Only those lines in the data below from the line containing "ATLANTIC CANADA" through the line containing "ECONOMIZE WITHOUT COMPROMISE", both included, should be restated word for word.

(Excerpts from a dataset)
☆ ☆ ☆ ☆
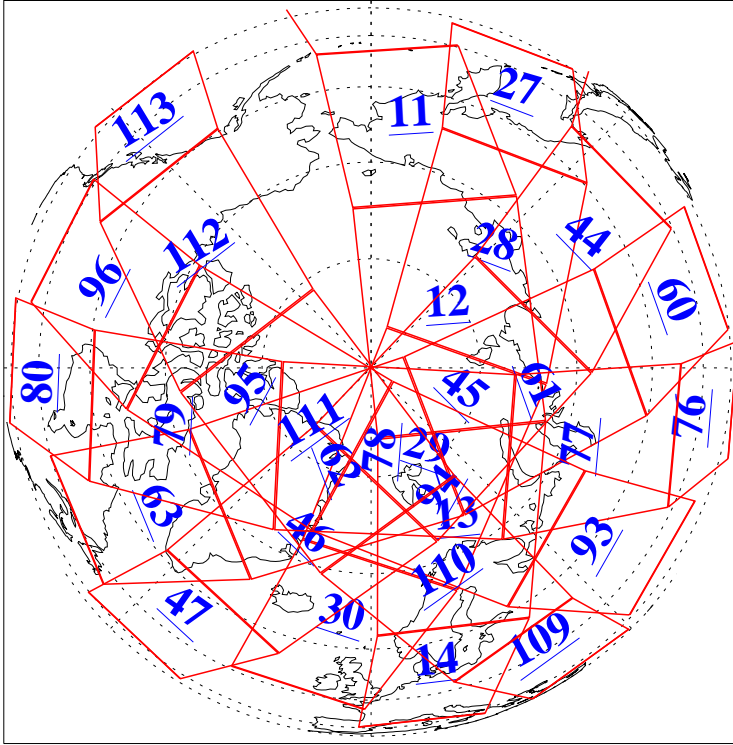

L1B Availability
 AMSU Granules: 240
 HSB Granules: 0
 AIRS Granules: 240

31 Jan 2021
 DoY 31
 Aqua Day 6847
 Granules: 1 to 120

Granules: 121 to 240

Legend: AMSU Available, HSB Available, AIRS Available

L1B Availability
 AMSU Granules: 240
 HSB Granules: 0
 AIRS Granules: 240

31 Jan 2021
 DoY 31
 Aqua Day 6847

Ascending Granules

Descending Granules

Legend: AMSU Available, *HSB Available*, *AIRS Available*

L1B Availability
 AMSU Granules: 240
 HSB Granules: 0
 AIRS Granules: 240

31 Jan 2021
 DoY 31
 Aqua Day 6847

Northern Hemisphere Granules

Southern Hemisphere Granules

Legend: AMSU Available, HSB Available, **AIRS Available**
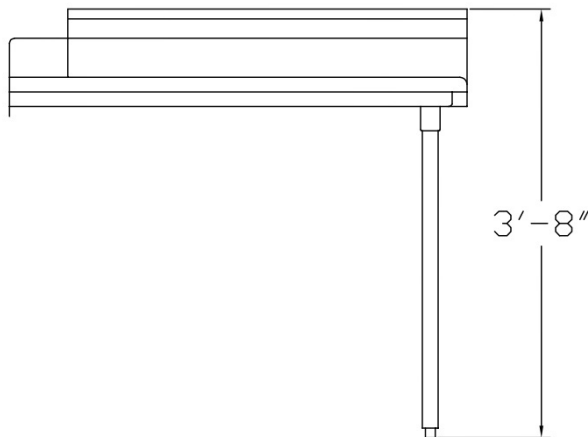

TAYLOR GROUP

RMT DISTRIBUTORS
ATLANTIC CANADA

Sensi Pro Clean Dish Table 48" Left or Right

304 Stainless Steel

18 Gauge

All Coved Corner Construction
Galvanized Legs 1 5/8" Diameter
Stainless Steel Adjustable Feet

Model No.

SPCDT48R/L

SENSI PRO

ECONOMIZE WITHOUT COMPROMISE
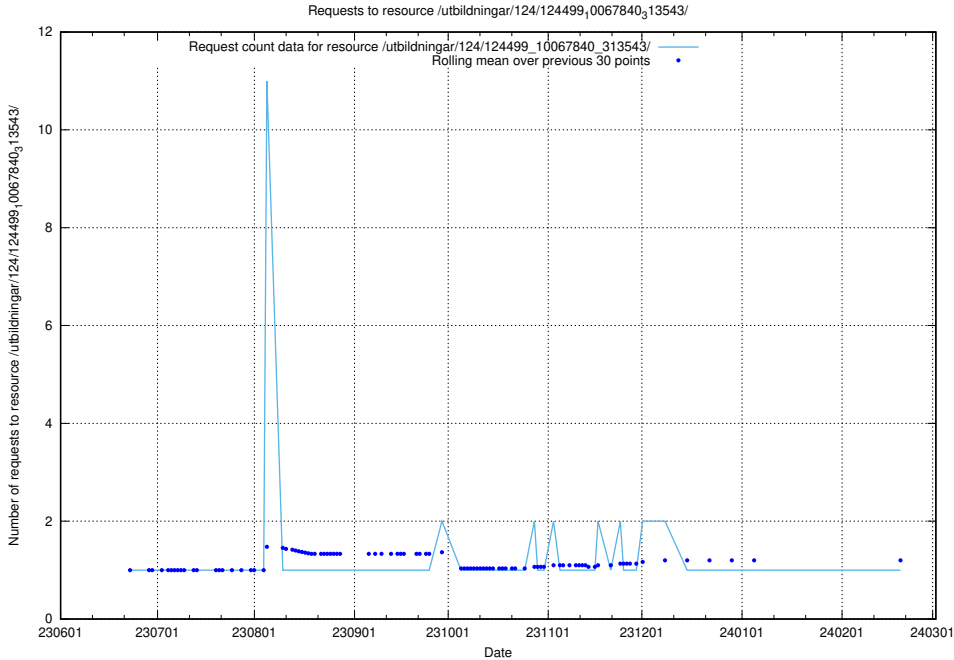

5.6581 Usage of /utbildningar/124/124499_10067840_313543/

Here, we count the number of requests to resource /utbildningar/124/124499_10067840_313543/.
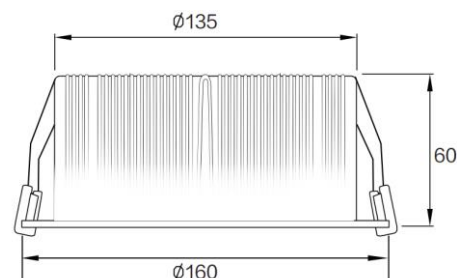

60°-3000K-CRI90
☆ ☆ ☆ ☆
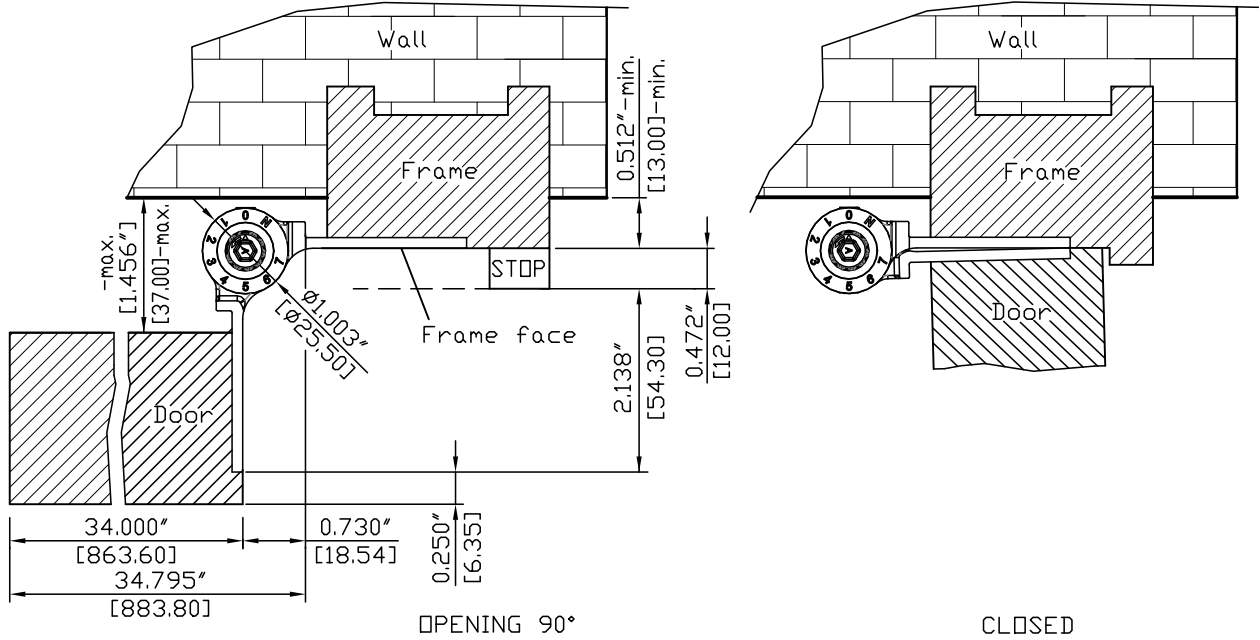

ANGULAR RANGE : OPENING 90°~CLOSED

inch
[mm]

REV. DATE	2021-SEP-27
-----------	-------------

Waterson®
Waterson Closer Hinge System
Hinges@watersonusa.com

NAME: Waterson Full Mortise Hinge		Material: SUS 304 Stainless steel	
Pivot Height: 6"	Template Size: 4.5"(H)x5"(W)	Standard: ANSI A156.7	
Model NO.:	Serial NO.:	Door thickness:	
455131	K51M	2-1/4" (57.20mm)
☆ ☆ ☆ ☆
**ANSWER TO THE PROBLEM**
ATLANTIC CANADA

Sensi Pro Clean Dish Table 48" Left or Right

304 Stainless Steel

18 Gauge

All Coved Corner Construction
Galvanized Legs 1 5/8" Diameter
Stainless Steel Adjustable Feet

Model No.

SPCDT48R/L

SENSI PRO

ECONOMIZE WITHOUT COMPROMISE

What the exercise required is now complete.